Patrick F. Trainor (January 4, 1863 Glasgow, Scotland – December 25, 1902 Albany, New York) was an American politician from New York.

==Life==
The family emigrated to the United States when Patrick was still a child. He attended St. Michael's Parochial School and 35th Street Public School in New York City, and then worked for the American District Telegraph Company.
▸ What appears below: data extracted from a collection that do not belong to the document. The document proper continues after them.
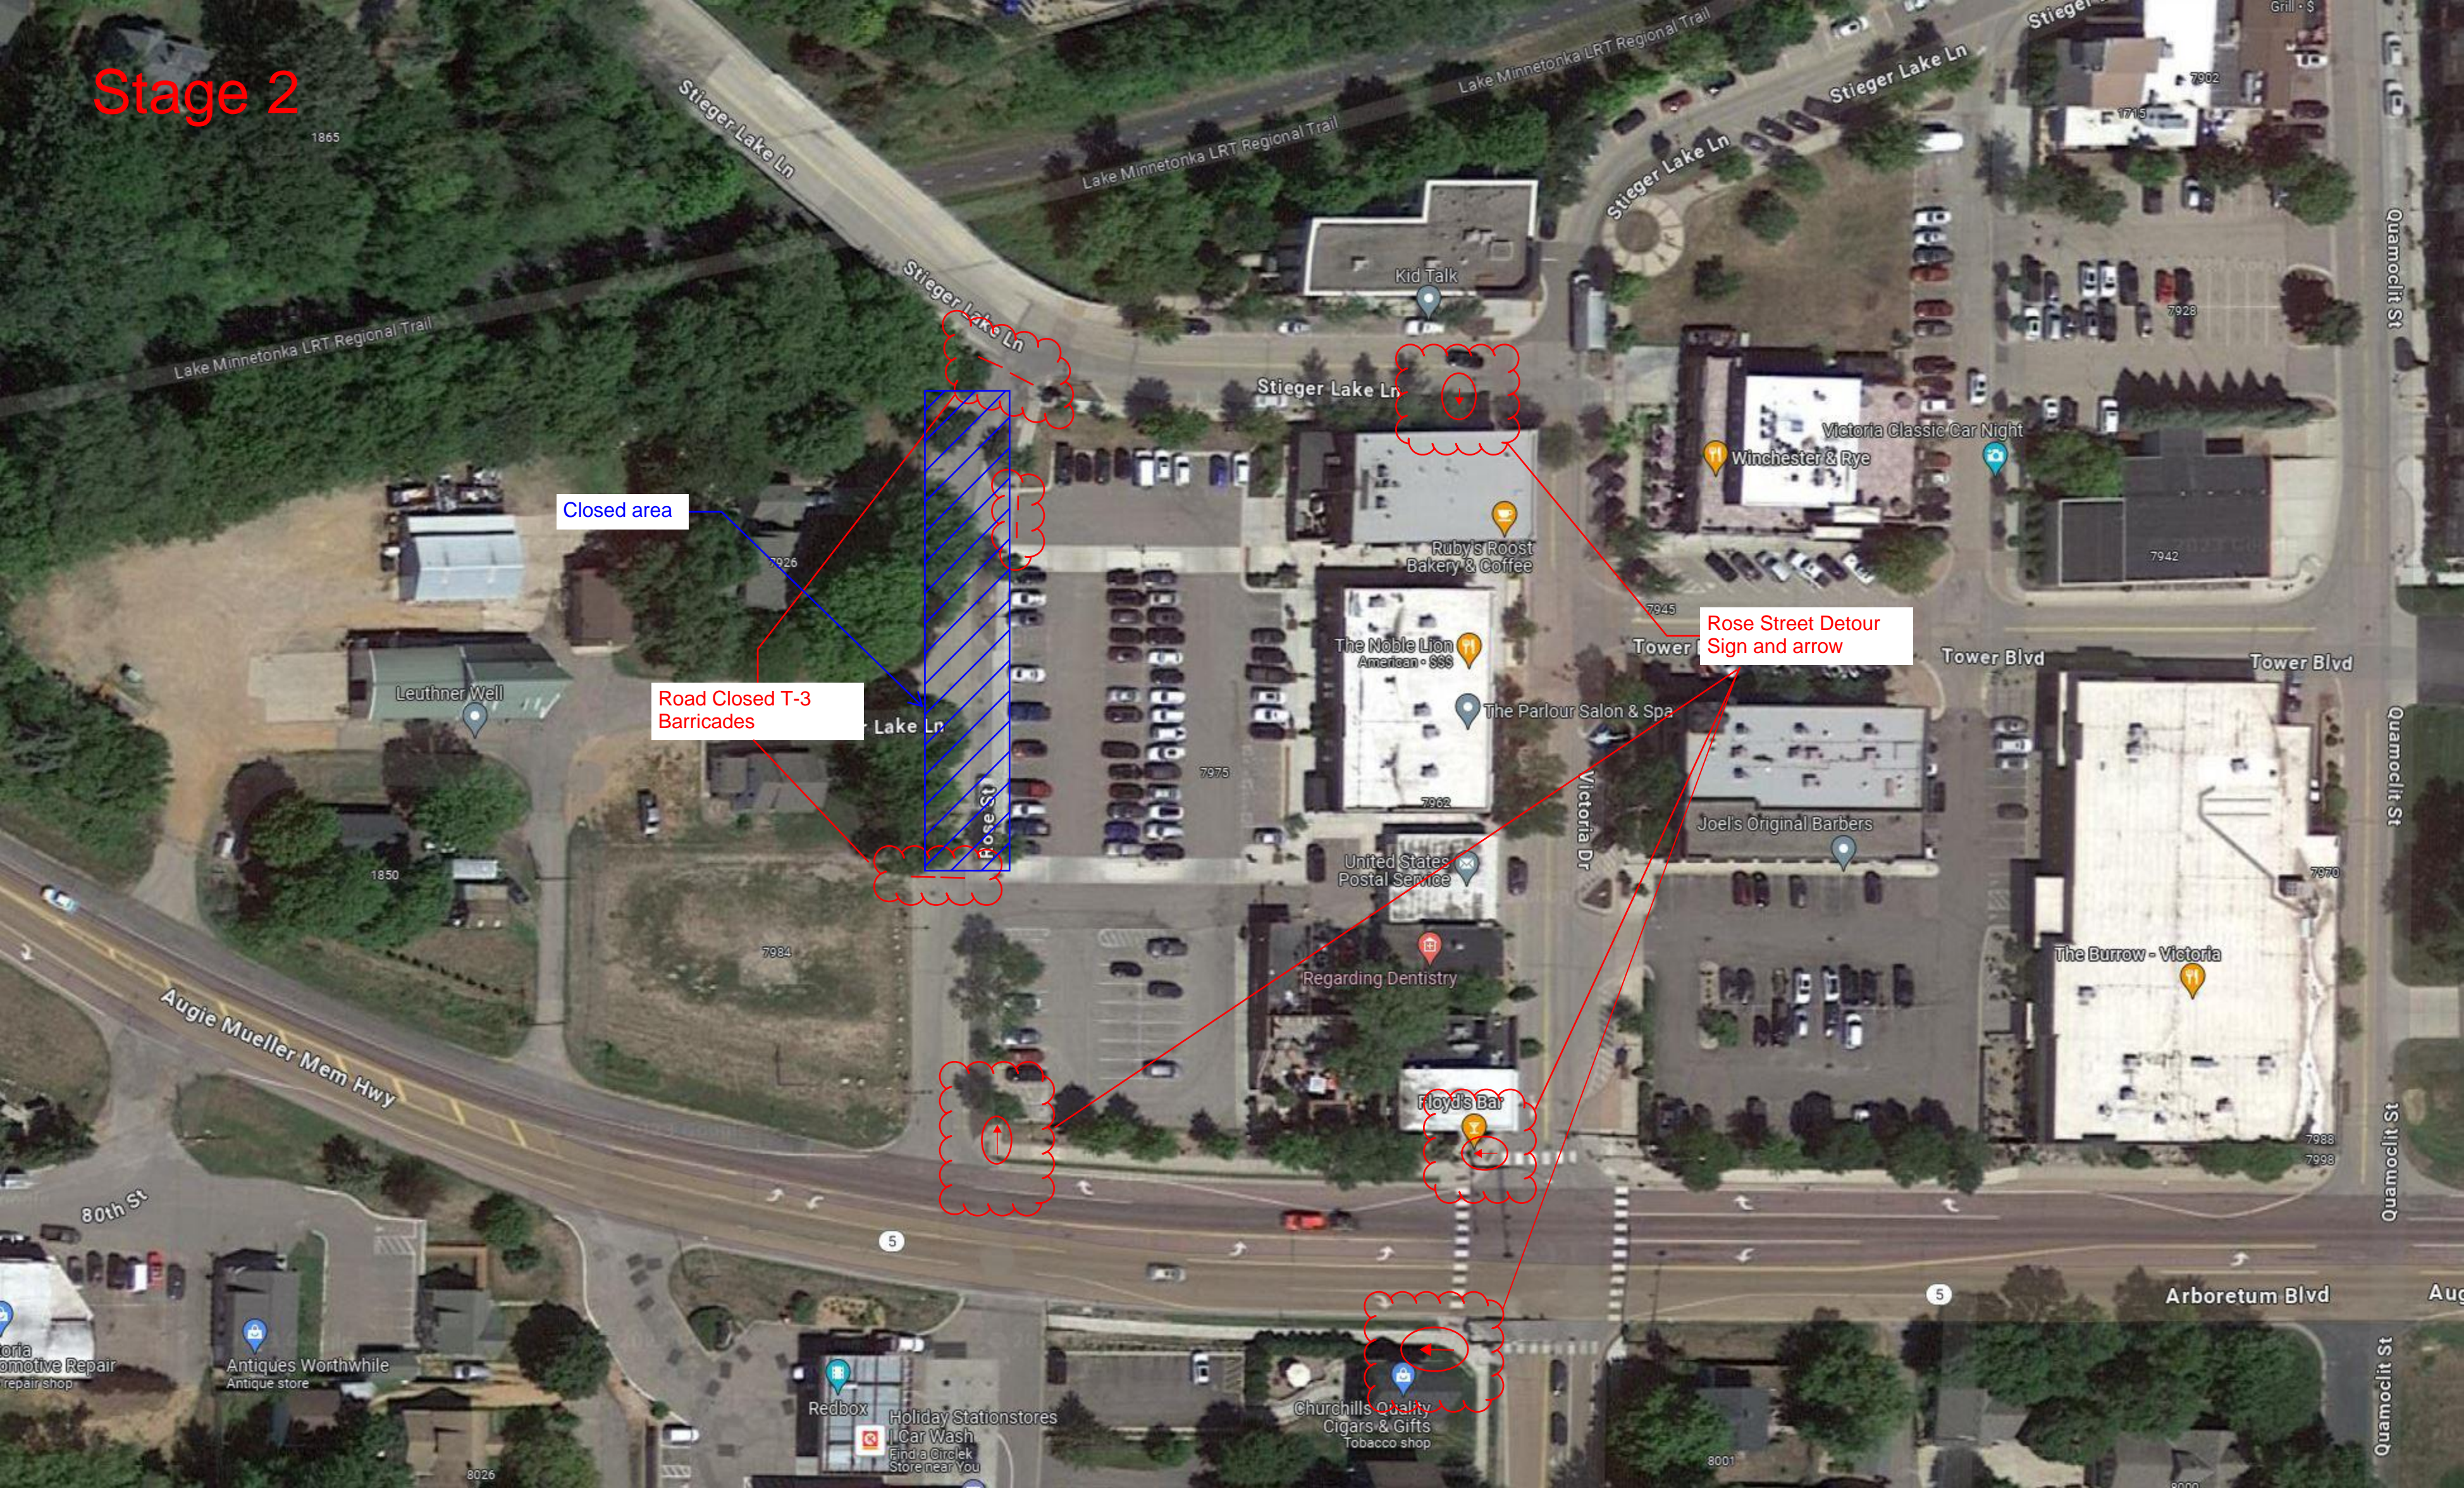

Stage 2

Closed area

Road Closed T-3 Barricades

Rose Street Detour Sign and arrow

80th St

5

5

Arboretum Blvd

Quamoclit St

Quamoclit St

Quamoclit St

Quamoclit St

1865

1850

8026

7984

7926

Lake Ln

Rose St

7975

7962

United States Postal Service

Regarding Dentistry

Floyd's Bar

Ruby's Roost Bakery & Coffee

The Parlour Salon & Spa

Joel's Original Barbers

The Burrow - Victoria

Tower Blvd

Tower Blvd

Tower Blvd

Stieger Lake Ln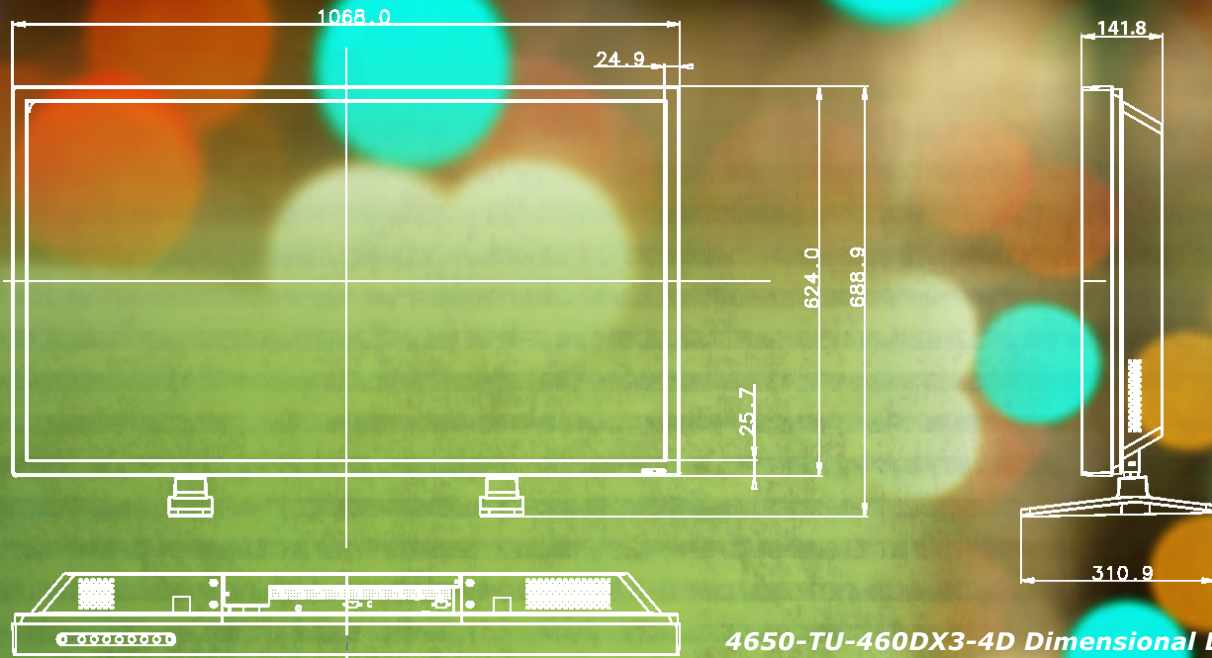

displaywerks

46"

quality and innovation in LCD integration

4650 Series LCD Touch Screen Monitor

Display Werks Order Number 4650-TU-460DX3-4D

4650-TU-460DX3-4D Dimensional Drawing

Display Specifications

Resolution	1920 x 1080
Viewing Angle	178° H/V
Response Time	8 ms
Pixel Pitch	0.745mm x 0.745mm
Brightness	700 cd/m ²
Contrast	3000:1 Native 10000:1 Dynamic
Bezel	20mm
Speakers	2 x 10W
Cooling	Built-in Fan
Operating Time	24/7
Power	230W/250W (typical) 2W Standby
Active Area	40.06" x 22.56"
VESA Mount	600mm x 400mm
Stand / Feet Order Number	Optional; Stand #5828 / Feet #4807
Dimensions	42" x 24.6" x 5.4" 71.6 lbs
Shipping	46.8" x 29.7" x 12.4" 81.5 lbs
Warranty	3 Year Manufacturer

Later he became the manager of the Boston and Ohio Telegraph Company's New York City branch, and then was assistant to the General Manager of the company, at Washington, D.C. He returned to New York City in 1885, and began to study law.

Trainor was a member of the New York State Assembly in 1894 (New York Co., 17th D.), 1896, 1897, 1898, 1899 and 1900 (all five New York Co., 13th D.). He was admitted to the bar in 1899.

He was a member of the New York State Senate (16th D.) in 1901 and 1902. In November 1902, he was re-elected to the State Senate, but died a few days before the next term began.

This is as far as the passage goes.